- Directed by: Bonnie Burt
- Release date: 1994;
- Country: United States
- Languages: English, Spanish (with English subtitles)

= Abraham and Eugenia: Stories from Jewish Cuba =

1994 film

Abraham and Eugenia: Stories From Jewish Cuba is a 1994 documentary directed by American Bonnie Burt.

==Summary==
Abraham and Eugenia: Stories From Jewish Cuba tells the story of two people living on the communist island nation who have held onto their faith in the years since the revolution.

Abraham, a Jewish-Cuban and the only kosher butcher left in Havana, expresses the intensity of pressure to integrate into the society. He acknowledges that there is a lack of anti-Semitism, which makes it easier to get along. But Abraham is concerned that without working at it, the younger generation will live "as an average Cuban" and fail to carry on Jewish traditions.

Soon after Castro took power in 1959 up until the early 1990s, 94% of the Jewish population left Cuba. Before then, there had been 15,000 Jews in Havana alone. Shortly after the fall of the USSR, the communist party of Cuba announced a relaxation of some of their principles and the toleration of religion. But with the fall of the Soviet Union, aid to Cuba was stopped and people suffered material shortages: in 1994 Bonnie Burt traveled to Cuba and found there was a lack of medication, power outages are an everyday occurrence, and groceries per-household are extensively limited throughout the island. Within these conditions, she filmed Abraham and Eugenia, and a revival of Judaism in Cuba.

Burt shows Abraham preparing for his son Yacob's Bar Mitzvah. It is the first such event in Havana in over 15 years. At the service Abraham notes that their congregation has not had a rabbi in about 30 years, but they have been able to persevere.

In the rural, undeveloped area of Cuba's inland, Burt introduces Eugenia and her sister. They were raised in the same countryside that developed the radical leaders of the Cuban Revolution. Eugenia and her sister wanted to respect their religious father's desire that they wed men only of the Jewish faith, but found it impossible to find mates when most of the remaining Jews lived in Havana. By the time the women reached their 30s, they decided to marry Gentiles rather than remain single forever. With her husband's understanding, Eugenia was rearing their children as Jews.

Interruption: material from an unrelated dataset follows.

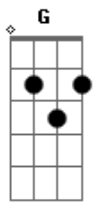

© ukulele-chords.com

The Jewish population is at a significantly low level; the pious societies of Camagüey, Cienfuegos and Santiago stand at fewer than 100 Jews per town. They lack synagogues to congregate and worship in. To strengthen Jewish living and retain a quorum of Jewish men, more people are considered necessary.

The documentary notes that Cuba's Jews had been from both Sephardic and Ashkenazy traditions, coming from Turkey, Poland, Germany and other parts of Europe, with most immigrants having arrived. With the liberalization of policies in the 1990s in Cuba, they hoped to attract new immigrants.

==Reception==
Paul Kaplan of Library Journal described Abraham and Eugenia: Stories from Jewish Cuba as "a very thoughtful film, easy to view with its large English subtitles. It is recommended for school and public libraries that emphasize Jewish, Latin American, or ethnic studies."